Still, from New York to Los Angeles, artistic directors are negotiating to allow their plays to be put online both as a measure to continue a revenue stream that has been totally disrupted and a means to allow the hard work of their creative associates to be seen. In Chicago, this innovative revolution is being led by Theater Wit and its artistic director Jeremy Wechsler, who late last week, seeing the way the wind was blowing, secured the rights to stream a two-camera shoot of Mike Lew’s Teenage Dick, a modern take on Richard III set in a high school. As Governor Pritzker declared tighter and tighter restrictions on gatherings, Wechsler and director Brian Balcom hastily put together a plan to film in front of a small audience days before they had originally been scheduled to open. (My review of the resulting performance can be found here.)

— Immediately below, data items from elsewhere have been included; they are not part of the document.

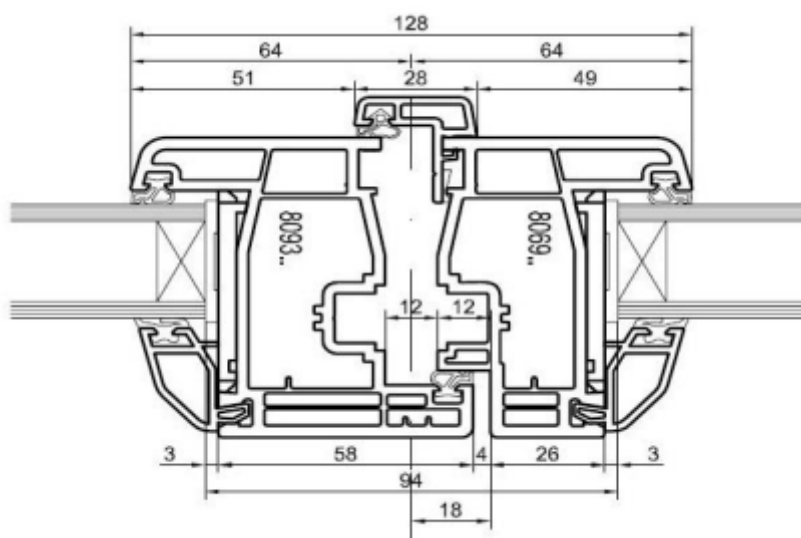

Nodo centrale stretto
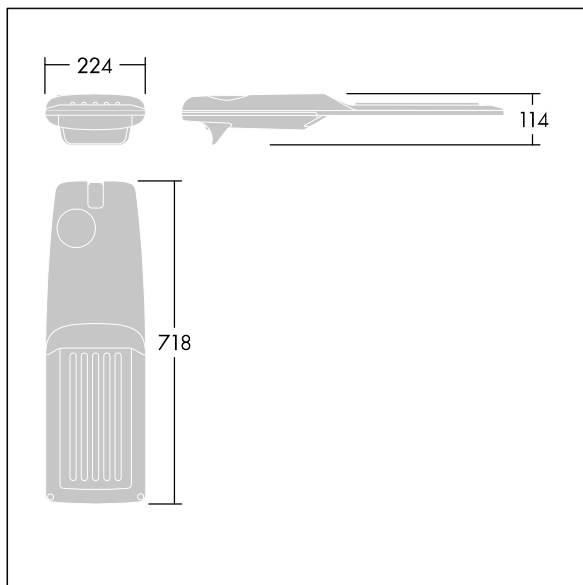

Isaro Pro

THORN

92904806 IP 72L35-740 SR M BS 3550 CL2 M60 ANT

Isaro Pro

Lanterne d'éclairage routier LED moderne (Medium) avec 72 LED alimentées en 350mA avec une optique En quinconce pour route. Programmable Driver. Classe électrique II, IP66, IK09. Corps : aluminium (EN AC-44300) fonderie, thermopoudré gris anthracite 900 sablé texturé. Emmanchement : aluminium (EN AC-44300), fonderie thermopoudré texturé gris anthracite 900 sablé. Fermeture : verre ép. 5 mm. Visserie : Acier inox. Livré avec un adaptateur d'emmanchement Ø 60 mm qui convient pour montage top (inclinaison 0°/5°/10°/15°/20°) ou latéral (inclinaison -15°/-10°/-5°/0°/5°/10°/15°). Equipé d'un 50% circuit de réduction de puissance, qui entre en vigueur 3 heures avant et 5 heures après un minuit calculé. Il peut être désactivé à l'installation avec un interrupteur interne facilement accessible. Livré avec LED 4 000 K. Protection contre les surtensions : 10 kV en mode commun single pulse et 8 kV en mode commun multipulse; 6 kV en mode différentiel multipulse. Si un système DALI est connecté: 6 kV en mode mode commun et mode différentiel multipulse.

TLG_ISRP_F_M_PDB_ANT.jpg

Dimensions : 718 x 224 x 114 mm
Puissance du luminaire: 74,8 W
Flux lumineux du luminaire: 12467 lm
Efficacité lumineuse du luminaire: 167 lm/W
Poids : 7,7 kg
Scx : 0.066 m²

TLG_ISRP_M_LD2.wmf
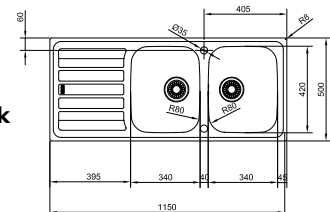

Kastmaat **800 mm**
Buitenmaat **1160 x 500 mm**
Bakken **2 x 340 x 420 x 160 mm**
Positie overloop **buitenste grote bak**
Uitsparing **1140 x 480 mm (R 10 mm)**
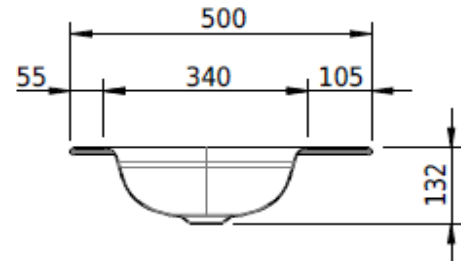

Artikel	233433xxx241	1. Ausgabe	
Article		1. Edition	4-2017
Articolo		1. Edizione	
Art. No	1554-XXXX	Mut.	2-2024

Einbauwaschtisch DUETT
Lavabo à encastrer DUETT
Lavabo ad incasso DUETT

Schmidlin™

Die Massangaben in Millimeter verstehen sich unter dem Vorbehalt der Werkstoleranzen, eventuell späterer Änderungen sowie weiterer Montagemöglichkeiten. Die Haftung für Folgen fehlerhafter oder unvollständiger Massangaben ist ausgeschlossen (Art. 100 OR).

Les dimensions en millimètre s'entendent sous réserve des tolérances d'usine, d'éventuelles modifications ultérieures, de même que de nouvelles possibilités de montage. La responsabilité ne peut être engagée en cas de cotes manquantes ou erronées (CD art. 100).

Le dimensioni in millimetri si intendono fatte salve le tolleranze di fabbricazione, le eventuali modifiche successive e le ulteriori alternative di montaggio. Si declina qualsiasi responsabilità per le conseguenze legate a dimensioni errate o incomplete (art. 100 CO).
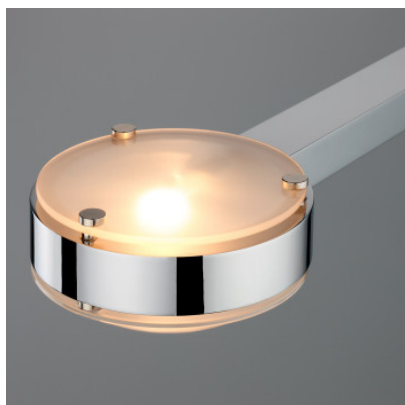

DeLight Logos 12 Pendelleuchte Glasscheibe satiniert/Linse klar

Die Pendelleuchte Logos 12 Linear von DeLight zeugt von Stil. Die edle Struktur aus Metall wird mit klaren Linsen und satinierten Scheiben für eine angenehme Platzbeleuchtung über dem Tisch bestückt.

P2: zweiflämmig, Aluminium matt gebürstet	782,00 €
MPN	812072BA+813011+813019
P2: zweiflämmig, chrom	932,00 €
MPN	812072BC+813011+813019
P3: dreiflämmig, Aluminium matt gebürstet	1.150,00 €
MPN	812073BA+813011+813019
P3: dreiflämmig, chrom	1.163,00 €
MPN	812073BC+813011+813019
P4: vierflämmig, Aluminium matt gebürstet	1.539,00 €
MPN	812074BA+813011+813019
P4: vierflämmig, chrom	1.662,00 €
MPN	812074BC+813011+813019
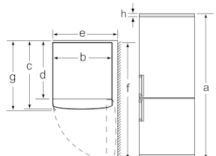

Serie | 2, Volně stojící chladnička s mrazákem dole, 186 x 60 cm, Nerezový vzhled KGN36NL3A

název spotřebiče	a	b	c	d	e	f	g	h
KGN36 (vnitřní madlo)	1860	600	660	590	600	1210	660	12
KGN36 (vnější madlo)	1860	600	660	590	640	1210	700	12

rozměry v mm
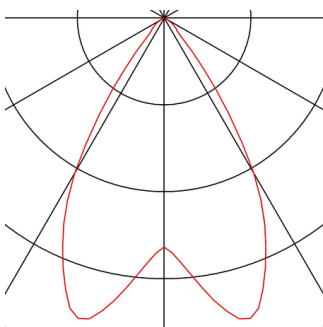

ENOLA

Pendelleuchte, A60, rund, weiß, max. 60W, inkl. Rosette weiß

Die ENOLA Pendelleuchte ist aus Aluminium gefertigt und besteht aus einem nach unten gerichteten Zylinder. Durch die Verfügbarkeit vieler Gehäusefarben bietet sich die ENOLA Pendelleuchte zur kombinierten Installation an. Somit können vom Kunden individuelle Farbspiele erschaffen werden. Mit einem E27 Sockel für Allgebrauchs- oder Energiesparlampen ausgestattet, kann die ENOLA Pendelleuchte direkt an 230V Netzspannung betrieben werden.

TECHNISCHE DATEN

Art. Nr.:	149381
Fassung	E27
Anzahl Fassungen	1
Leuchtmittel inklusive	0
Primäre Nennspannung	220-240V ~50/60Hz mA/V
Länge	32.0 cm
Pendellänge	150.0 cm
Durchmesser	10.0 cm
Nettogewicht	1.156 kg
Bruttogewicht	1.385 kg
IP Code	IP 20
Schutzklasse	I
Montage	Aufbau
Montagedetails	Decke
Wattage	60.0 W
Farbe	weiß
BIG WHITE Seite	71
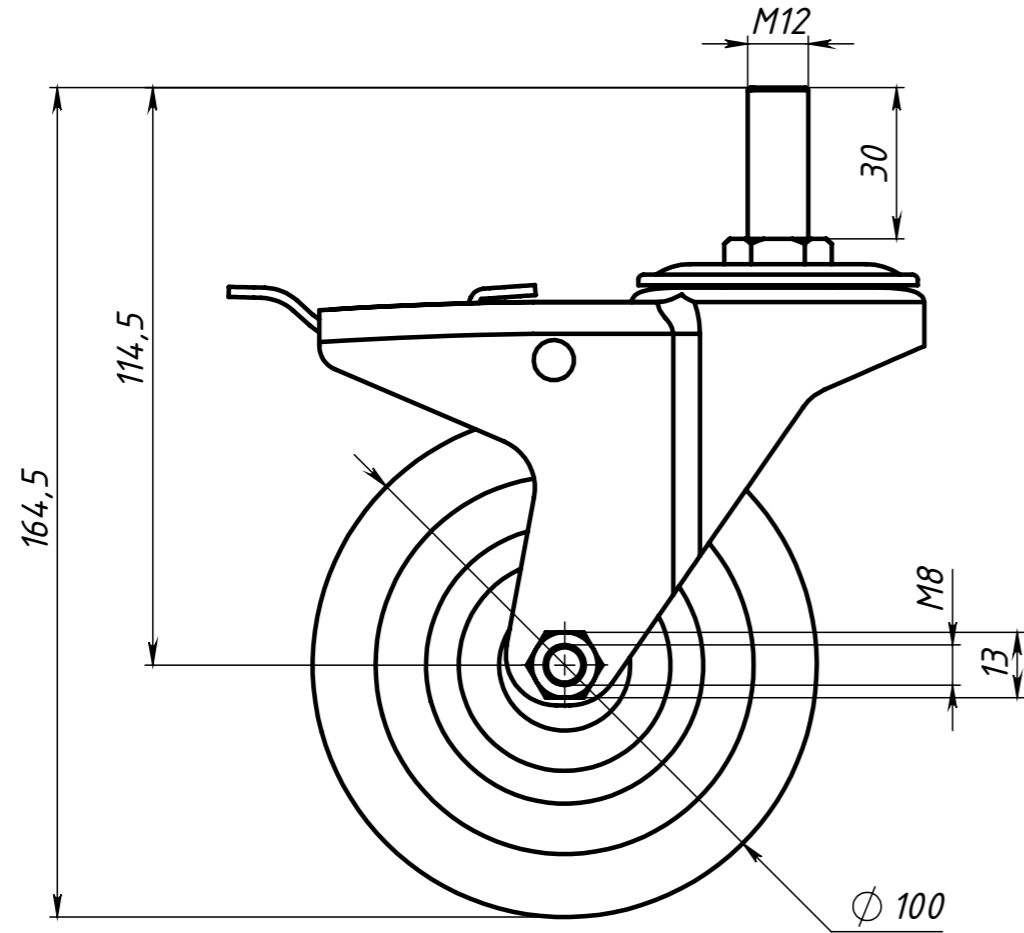

А320

Изм.	Лист	№ докум.	Подп.	Дата
Разраб.	Карпов Д.			
Пров.	Терёхин С.			
Т. контр.				
Н. контр.				
Утв.				

А320				
Колесо с тормозом Ø100 M12x45		Лит.	Масса	Масштаб
			765.00	1:1.5
		Лист	Листов 1	
Сталь оцинкованная + резина		СОБЕРИЗАВОД		

Подп. и дата

Инд. № подл.

Файл: А320 Колесо с тормозом Ш100 M12x45
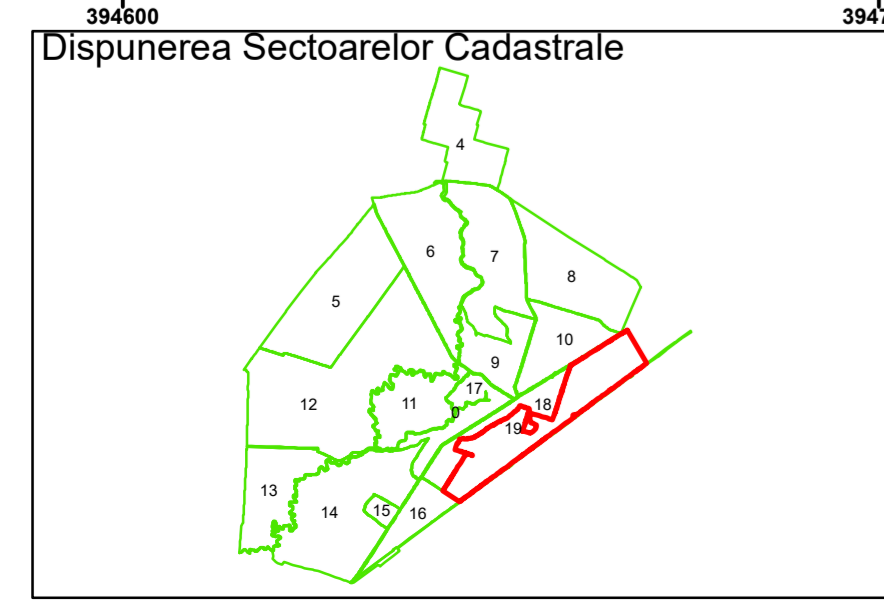

Spre publicare
Data: iulie 2023

PLAN CADASTRAL

Comuna Cerăt
Județul Dolj
Sector Cadastral 19

Scara 1:1000, sistem de proiecție STEREO 70

Legendă

	Limită UAT		Număr Sector Cadastral
	Limită Intravilan	458	Identificator Teren
	Sector Cadastral		Număr Poștal
	Limită Imobil	C1	Număr Construcție
	Instituții		Calea Ferată

Executant: SC MEGAGIS SRL

Spre publicare
Data: iulie 2023

PLAN CADASTRAL

Comuna Cerăt
Județul Dolj
Sector Cadastral 19

Scara 1:1000, sistem de proiecție STEREO 70

COMUNA CERĂT Cerăt

Legendă

	Limită UAT		Număr Sector Cadastral
	Limită Intravilan	458	Identificator Teren
	Sector Cadastral		Număr Poștal
	Limită Imobil	C1	Număr Construcție
	Instituții		Calea Ferată
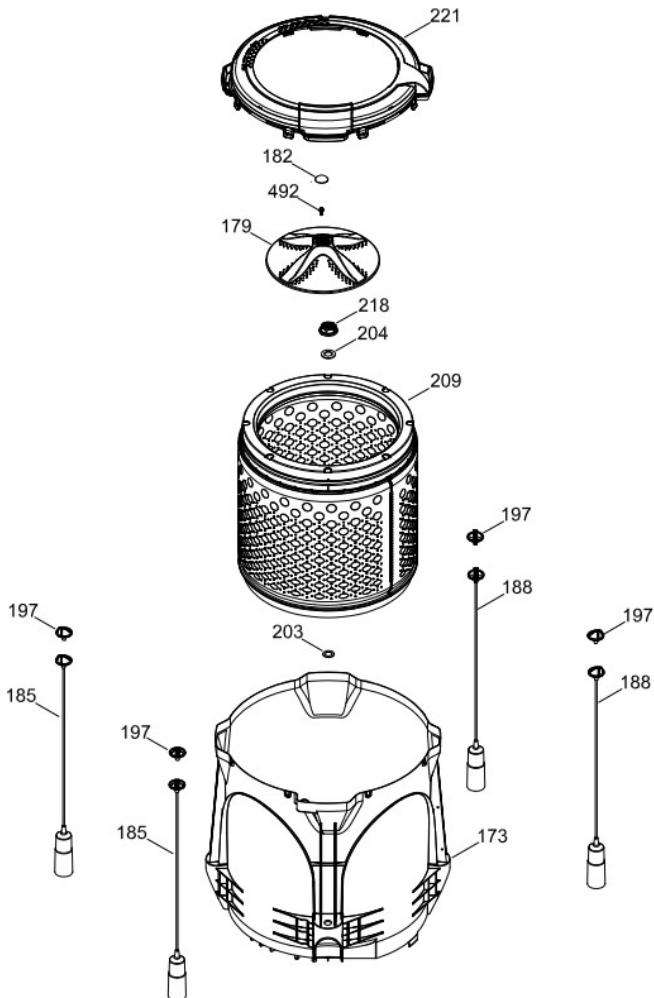

Venta de Refacciones
Electrodomesticas

Lavadora Mabe LGH72201WBAB00

PARTES PARA TINA / TUB, BASKET & AGITATOR

LGH72201WBAB00

Distribuidor Autorizado

SurteRápido.com

Venta de Refacciones
Electrodomesticas

Lavadora Mabe LGH72201WBAB00

SISTEMA MOTRIZ / PUMP & DRIVE COMPONENTS

LGH72201WBAB00

Guía	Componente	Descripción
6	233D2095G001	ENSAMBLE TOMACORRIENTE
9	277B2275P001	GOMA TAPA
12	290D1232G001	VALVULA DE AGUA CUADRUPLE
12	290D1232G003	VALVULA DE AGUA CUADRUPLE
20	233D2444G008	ENSAMBLE IML Y BISEL
21	233D2257P001	COPETE
30	233D2748G001	ARNES PRINCIPAL
30	233D2748G002	ARNES PRINCIPAL
34	233D2309P001	SELLO COPETE
35	233D2308P003	PAPEL ANTIFLAMA
39	323B4081G003	ENSAMBLE PERILLA
44	253C1196P001	PIN ALINEAMINETO
45	233D1368G001	MANGUERA
45	233D2851G001	MANGUERA
49	234D2296P002	PANEL POSTERIOR COPETE
56	233D2056G001	ARNES SEGURO TAPA
59	253C1303P001	CLIP CABLE
69	233D2322G002	ENSAMBLE CHASIS Y TARJETA
78	233D2055G001	ARNES VALVULAS
93	233D2157G011	ENSAMBLE GABINETE
96	253C1245P002	PATA NIVELADORA
96	253C1245P003	PATA NIVELADORA
98	277B2259P001	BISEL BLOCAPUERTAS
99	233D2274P002	SEGURO TAPA
103	253C1257P002	AMORTIGUADOR Y SOPORTE IZQUIERD
104	253C1258P001	AMORTIGUADOR Y SOPORTE DERECHO
106	253C1180P001	BUJE DERECHO
107	253C1180P002	BUJE IZQUIERDO
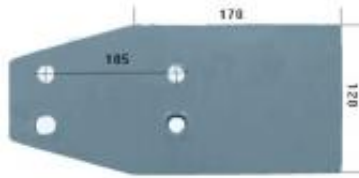

Dane aktualne na dzień: 14-05-2026 05:38

Link do produktu: <https://www.sklep.jedrus.com.pl/ploza-krotka-p-hardox500-do-pluga-rabewerk-27530502p-p-2372.html>

Płoza krótka P HARDOX500 do pługa Rabewerk 27530502/P

Cena brutto	85,00 zł
Cena netto	69,11 zł
Dostępność	Dostępny
Czas wysyłki	3 dni
Kod producenta	27530502/P

Opis produktu

Płoza krótka P HARDOX500 do pługa Rabewerk
Symbol: 27530502/P

Balcom says that the most important thing to him was to “maintain the aesthetic of the theatre,” and Wechsler’s intention was not to create something that could potentially replace live theatre but then, as he says, “I really hope it doesn’t have to.” Still, working within Equity’s restrictions—for example, it had to be one single filmed performance rather than multiple performances spliced together—he has found a way to give what seemed certain to be another coronavirus casualty some new life.
“It does require a little bit more active suspension of disbelief from the viewing audience,” he says of watching a play online. “You have to make these allowances in your head about what you’re seeing and how you’re seeing it and not watch it like television; I think most people will be able to do it.”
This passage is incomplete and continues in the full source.